* Work to complete: In the data below, find each line carrying the string "Bolt" and copy it out.

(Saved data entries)
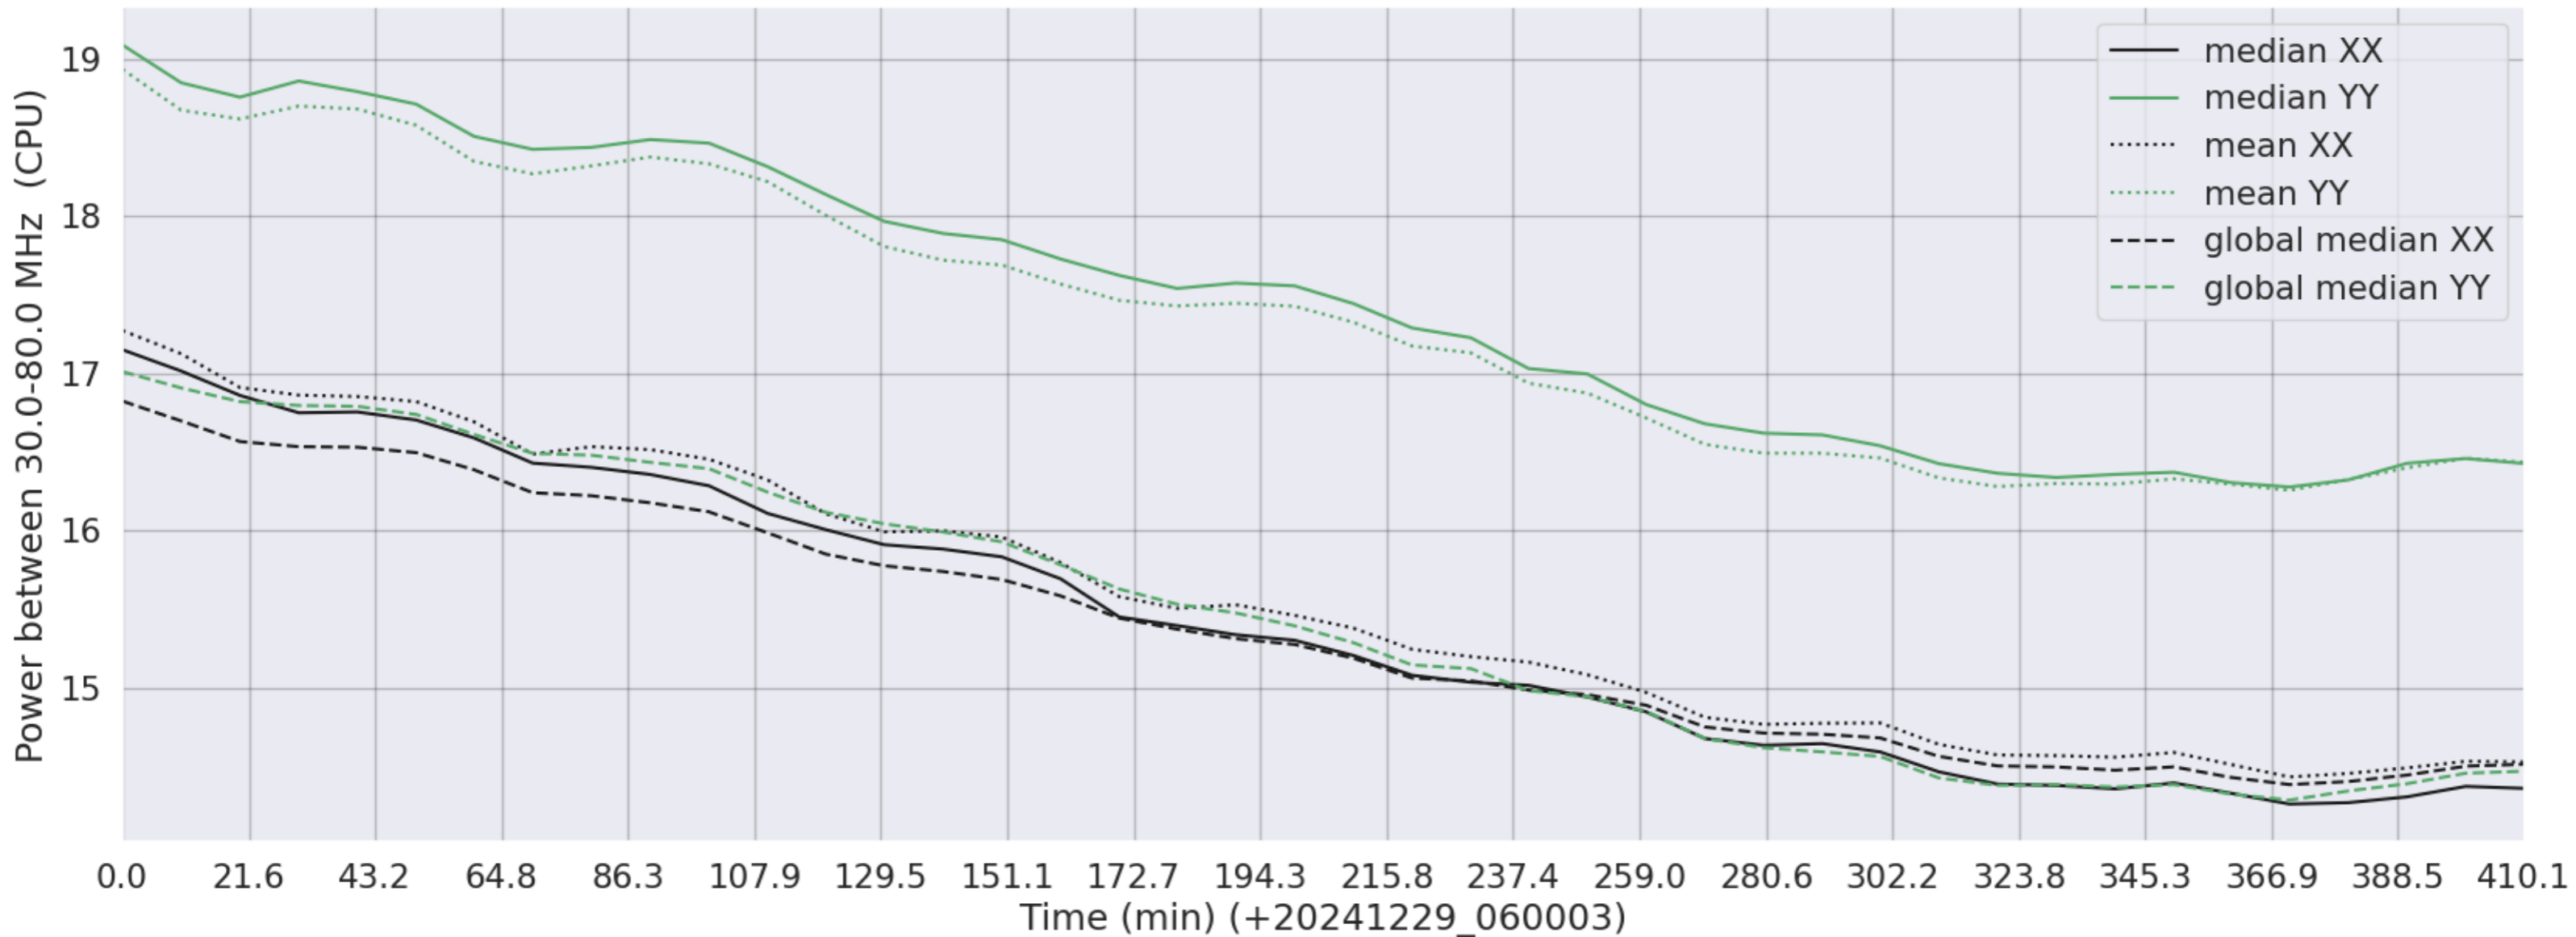

LWA286 - Correlator# 093 - XX FLAGS:Good - YY FLAGS:Good

LWA302 - Correlator# 092 - XX FLAGS:Good - YY FLAGS:Good
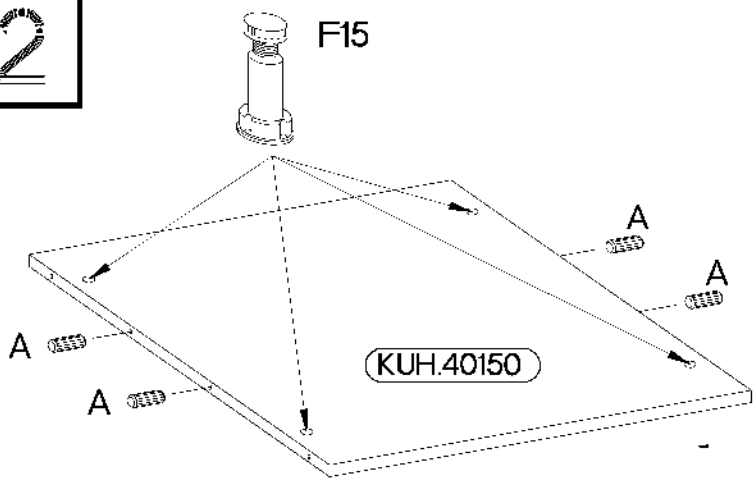

2

F15	P5	A
4	16	4
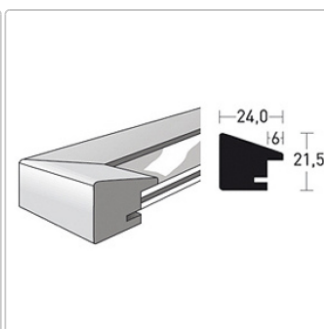

Produktinformation

Essential 24x30 cm

Art-Nr.: N23306 / Marke: [Nielsen Design GmbH](#)

nielsen®

31,60 CHF

inkl. 8,1% MwSt. zzgl. Versand

Staffelpreise

Ab 2	30,95 CHF	- Sie sparen 0,65 CHF
Ab 5	30,00 CHF	- Sie sparen 1,60 CHF
Ab 10	28,45 CHF	- Sie sparen 3,15 CHF
Ab 15	26,85 CHF	- Sie sparen 4,75 CHF

Lieferbar ab Zentrallager
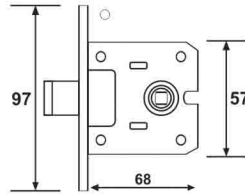

Enduro Jr. Lock Body 2 Pin

**3**

LLL B0302  
LLL B0312

Enduro Jr. Lock Body 3 Bolt

**3**

LLL B0303  
LLL B0313

Enduro Dead lock

**3**

LLDL0401  
LLDL0411

Enduro Dead lock TRI PIN

**3**

LLDL0402  
LLDL0412

Enduro Dead lock 3 Bolt

**3**

LLDL0403  
LLDL0413

Enduro Baby Latch
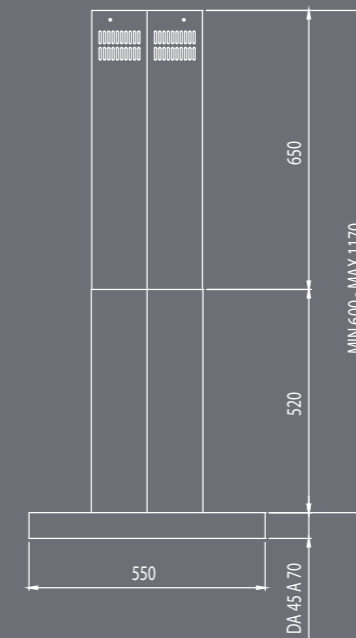

plane EILAND

BESCHIKBARE AFWERKINGEN

Op aanvraag

TECHNISCHE GEGEVENS

- > Interne motor 800 m3/h
- > Elektronisch bedieningspaneel met 4 snelheden.
- > LED-spots 1,2 Watt 3.200°K
- > Elektronische driver
- > RVS top filters, 278 x 301 mm
- > Bevestiging set
- > Koolstoffilter op aanvraag
- > Voorbereid voor externe of dakmotor. Deze zijn optioneel

* Exercise solution:
Enduro Jr. Lock Body 3 Bolt
Enduro Dead lock 3 Bolt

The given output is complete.